How to find sections and Subsections present in Word Document

Posted on 2014-10-14
Last Modified: 2014-10-31
Assume document with the following section and sub sections

1   Example
      1.1      Example
      1.2      Example
            1.2.1      Example
2      Example
      2.1      Example
            2.1.1      Example
•      Level 1
o      Level 2
      Level 3
      Level4
            2.1.2       Example
               a      Example
                     a.1 Example

How to find count of each section have how many subsections Using C# or ASP,net?
Question by:mannevenu26
1 Comment
It is difficult to parse Microsoft Word format, as there have been many releases and versions of it.  What works in one release may not work in the next.
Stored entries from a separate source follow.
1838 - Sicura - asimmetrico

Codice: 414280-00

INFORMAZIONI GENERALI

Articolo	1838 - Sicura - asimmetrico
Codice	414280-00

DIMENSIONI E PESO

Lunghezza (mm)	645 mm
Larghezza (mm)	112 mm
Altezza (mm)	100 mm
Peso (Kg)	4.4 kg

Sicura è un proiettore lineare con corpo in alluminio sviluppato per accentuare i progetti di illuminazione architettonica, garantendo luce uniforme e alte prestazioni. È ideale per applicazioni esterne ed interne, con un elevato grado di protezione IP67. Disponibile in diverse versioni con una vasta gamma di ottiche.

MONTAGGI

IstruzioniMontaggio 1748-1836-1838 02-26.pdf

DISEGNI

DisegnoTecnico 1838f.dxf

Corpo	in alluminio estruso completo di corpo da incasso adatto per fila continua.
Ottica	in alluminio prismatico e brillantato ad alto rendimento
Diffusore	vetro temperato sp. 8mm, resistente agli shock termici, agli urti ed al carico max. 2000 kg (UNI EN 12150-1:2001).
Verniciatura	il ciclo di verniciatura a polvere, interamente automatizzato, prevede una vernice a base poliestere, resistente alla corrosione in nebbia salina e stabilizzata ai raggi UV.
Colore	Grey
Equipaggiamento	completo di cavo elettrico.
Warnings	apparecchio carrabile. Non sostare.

However, if you open the Word document and save it in Rich Text Format, parsing an RTF file is far easier.  RTF files are a human-readable text markup language.  Search for the section separator tags (which one you need to search for depends on how the sections were created, so I can't be specific here), count them, and you're done.
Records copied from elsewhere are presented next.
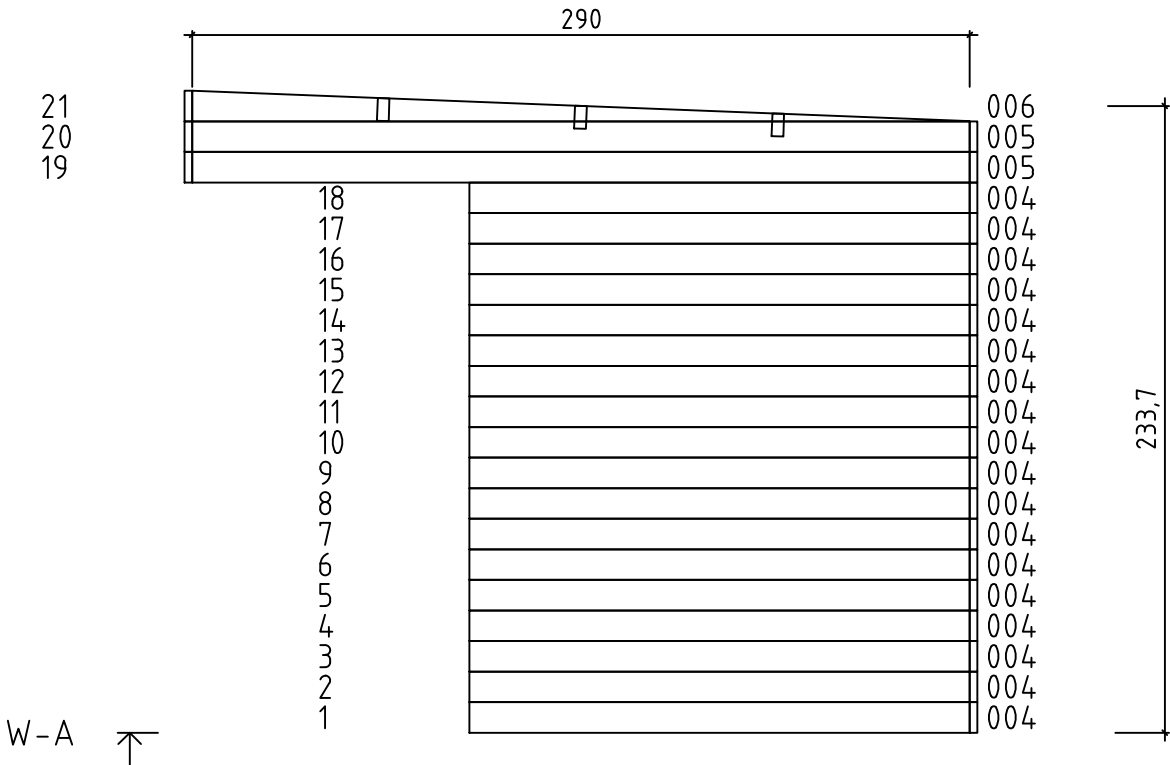

Maja 1
Art. Nr. 2855019
1/7

14.12.2022

Groundplan - Grundplan - Plan de masse -
Planimetria - Plattegrond - Põhiplaan

Foundation - Fundament - Fondation -
Fondamenta - Fundering - Immutatud alusraam

Art. Nr. 2855019

Pos	14.03.2019	Piece list - Stückliste - Liste des pièces - Elementi - Stuklijst - Tükítabel 1003x2026 AL.F. RAL 7016	1/1	Q	P (mm)	L (mm)
-----	------------	---	-----	---	-----------	-----------

Glass size - Glasgröße - Taille de la vitre - Misura del vetro - Glas afmeting - Klaasi mõõt: 916x1939 mm

Pos	18.02.2018	Piece list - Stückliste - Liste des pièces - Elementi - Stuklijst - Tükítabel 2041x2026 AL.2S.2R. RAL7016	1/1	Q	P (mm)	L (mm)
-----	------------	--	-----	---	-----------	-----------

Glass size - Glasgröße - Taille de la vitre - Misura del vetro - Glas afmeting - Klaasi mõõt: 926x1859 mm

In RTF, the file looks like this:

{\rtf1\ansi\ansicpg1252\uc1 \deff0\deflang1033\deflangfe1033{\fonttbl{\f0\froman\fcharset0\fprq2{\*\panose 02020603050405020304}Times New Roman;}{\f16\froman\fcharset238\fprq2 Times New Roman CE;}{\f17\froman\fcharset204\fprq2 Times New Roman Cyr;}
{\f19\froman\fcharset161\fprq2 Times New Roman Greek;}{\f20\froman\fcharset162\fprq2 Times New Roman Tur;}{\f21\froman\fcharset186\fprq2 Times New Roman Baltic;}}{\colortbl;\red0\green0\blue0;\red0\green0\blue255;\red0\green255\blue255;
\red128\green128\blue128;\red192\green192\blue192;}{\stylesheet{\widctlpar\adjustright \fs20\cgrid \snext0 Normal;}{\*\cs10 \additive Default Paragraph Font;}}{\*\listtable{\list\listtemplateid67698703\listsimple{\listlevel\levelnfc0\leveljc0\levelfollow0
\levelstartat1\levelspace0\levelindent0{\leveltext\'02\'00.;}{\levelnumbers\'01;}\fi-360\li360\jclisttab\tx360 }{\listname ;}\listid888301111}}{\*\listoverridetable{\listoverride\listid888301111\listoverridecount0\ls1}}{\info
{\title Page \{ PAGE \} of Section \{ SECTION \}}{\author Windows User}{\operator Windows User}{\creatim\yr2014\mo10\dy14\hr21\min24}{\revtim\yr2014\mo10\dy14\hr21\min24}{\version2}{\edmins0}{\nofpages2}{\nofwords16}{\nofchars94}{\*\company  }
{\nofcharsws115}{\vern59}}\widowctrl\ftnbj\aenddoc\formshade\viewkind4\viewscale75\pgbrdrhead\pgbrdrfoot \fet0\sectd \linex0\endnhere\sectdefaultcl {\*\pnseclvl1\pnucrm\pnstart1\pnindent720\pnhang{\pntxta .}}{\*\pnseclvl2
\pnucltr\pnstart1\pnindent720\pnhang{\pntxta .}}{\*\pnseclvl3\pndec\pnstart1\pnindent720\pnhang{\pntxta .}}{\*\pnseclvl4\pnlcltr\pnstart1\pnindent720\pnhang{\pntxta )}}{\*\pnseclvl5\pndec\pnstart1\pnindent720\pnhang{\pntxtb (}{\pntxta )}}{\*\pnseclvl6
\pnlcltr\pnstart1\pnindent720\pnhang{\pntxtb (}{\pntxta )}}{\*\pnseclvl7\pnlcrm\pnstart1\pnindent720\pnhang{\pntxtb (}{\pntxta )}}{\*\pnseclvl8\pnlcltr\pnstart1\pnindent720\pnhang{\pntxtb (}{\pntxta )}}{\*\pnseclvl9\pnlcrm\pnstart1\pnindent720\pnhang
{\pntxtb (}{\pntxta )}}\pard\plain \widctlpar\adjustright \fs20\cgrid {Page \{ PAGE \} of Section \{ SECTION \}
\par \sect }\sectd \sbknone\linex0\endnhere\sectdefaultcl \pard\plain \widctlpar\adjustright \fs20\cgrid {
\par Page \{ PAGE \} of Section \{ SECTION \}
\par \sect }\sectd \linex0\endnhere\sectdefaultcl \pard\plain \widctlpar\adjustright \fs20\cgrid {
\par Page \{ PAGE \} of Section \{ SECTION \}
\par }}

In this example, search for occurrence of "\par \sect" to count sections.